Work order>
Find the lines below that contain the string "Beam", count them, and give only the number.

Input material>

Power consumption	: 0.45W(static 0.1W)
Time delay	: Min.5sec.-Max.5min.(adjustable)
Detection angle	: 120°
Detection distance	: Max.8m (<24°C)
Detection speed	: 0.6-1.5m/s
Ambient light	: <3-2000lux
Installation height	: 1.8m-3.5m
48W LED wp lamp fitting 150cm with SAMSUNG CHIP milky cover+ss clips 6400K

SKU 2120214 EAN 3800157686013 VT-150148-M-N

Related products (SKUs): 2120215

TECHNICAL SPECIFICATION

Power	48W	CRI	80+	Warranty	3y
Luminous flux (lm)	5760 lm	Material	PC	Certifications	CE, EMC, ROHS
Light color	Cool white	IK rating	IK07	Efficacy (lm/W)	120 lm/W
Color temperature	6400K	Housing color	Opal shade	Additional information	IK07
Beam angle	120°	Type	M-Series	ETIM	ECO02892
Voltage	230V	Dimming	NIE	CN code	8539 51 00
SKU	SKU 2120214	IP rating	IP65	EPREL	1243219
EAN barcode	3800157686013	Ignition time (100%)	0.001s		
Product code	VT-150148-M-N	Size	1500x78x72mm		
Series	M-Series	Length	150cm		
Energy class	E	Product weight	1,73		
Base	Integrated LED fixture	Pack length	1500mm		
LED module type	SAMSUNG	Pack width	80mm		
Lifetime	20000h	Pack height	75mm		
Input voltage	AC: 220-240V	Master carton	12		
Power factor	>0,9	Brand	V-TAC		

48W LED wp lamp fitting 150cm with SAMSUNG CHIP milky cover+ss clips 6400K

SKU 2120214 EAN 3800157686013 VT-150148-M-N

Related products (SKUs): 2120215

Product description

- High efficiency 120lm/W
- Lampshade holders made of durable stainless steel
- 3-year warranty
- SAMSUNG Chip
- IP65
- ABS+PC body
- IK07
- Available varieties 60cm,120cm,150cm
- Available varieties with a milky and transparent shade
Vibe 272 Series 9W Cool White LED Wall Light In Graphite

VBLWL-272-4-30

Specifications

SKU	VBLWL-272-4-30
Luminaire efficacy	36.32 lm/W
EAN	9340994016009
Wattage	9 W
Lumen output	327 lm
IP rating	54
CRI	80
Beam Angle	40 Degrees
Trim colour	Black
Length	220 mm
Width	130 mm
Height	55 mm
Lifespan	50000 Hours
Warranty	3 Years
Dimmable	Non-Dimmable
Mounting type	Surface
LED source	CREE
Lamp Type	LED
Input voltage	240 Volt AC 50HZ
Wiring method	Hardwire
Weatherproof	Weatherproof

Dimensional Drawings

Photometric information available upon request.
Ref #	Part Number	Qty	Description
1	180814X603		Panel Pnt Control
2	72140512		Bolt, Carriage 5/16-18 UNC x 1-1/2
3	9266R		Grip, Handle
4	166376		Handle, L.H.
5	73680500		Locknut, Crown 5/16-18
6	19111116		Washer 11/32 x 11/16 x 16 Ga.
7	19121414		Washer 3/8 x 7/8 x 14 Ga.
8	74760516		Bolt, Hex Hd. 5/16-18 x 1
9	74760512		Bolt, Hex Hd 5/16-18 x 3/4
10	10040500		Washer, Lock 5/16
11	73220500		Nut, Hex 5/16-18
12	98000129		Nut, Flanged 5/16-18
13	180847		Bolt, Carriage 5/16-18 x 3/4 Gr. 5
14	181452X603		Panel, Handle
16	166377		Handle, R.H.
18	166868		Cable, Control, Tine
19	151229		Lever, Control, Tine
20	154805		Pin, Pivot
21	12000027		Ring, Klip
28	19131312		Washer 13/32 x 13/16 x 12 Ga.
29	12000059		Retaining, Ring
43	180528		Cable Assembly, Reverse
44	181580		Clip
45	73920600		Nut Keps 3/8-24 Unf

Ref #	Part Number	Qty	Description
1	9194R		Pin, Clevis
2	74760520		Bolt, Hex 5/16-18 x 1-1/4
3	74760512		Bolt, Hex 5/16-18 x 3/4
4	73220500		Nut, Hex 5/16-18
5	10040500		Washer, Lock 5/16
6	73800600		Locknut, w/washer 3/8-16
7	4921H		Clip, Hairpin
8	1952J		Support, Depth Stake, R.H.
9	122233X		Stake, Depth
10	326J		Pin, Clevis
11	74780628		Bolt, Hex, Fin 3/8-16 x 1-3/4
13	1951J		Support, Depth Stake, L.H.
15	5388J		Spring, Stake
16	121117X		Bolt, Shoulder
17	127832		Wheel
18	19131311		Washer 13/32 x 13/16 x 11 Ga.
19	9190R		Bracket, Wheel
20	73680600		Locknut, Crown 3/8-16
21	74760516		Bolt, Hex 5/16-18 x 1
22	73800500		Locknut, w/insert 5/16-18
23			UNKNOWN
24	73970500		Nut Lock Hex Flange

Exercise answer>
2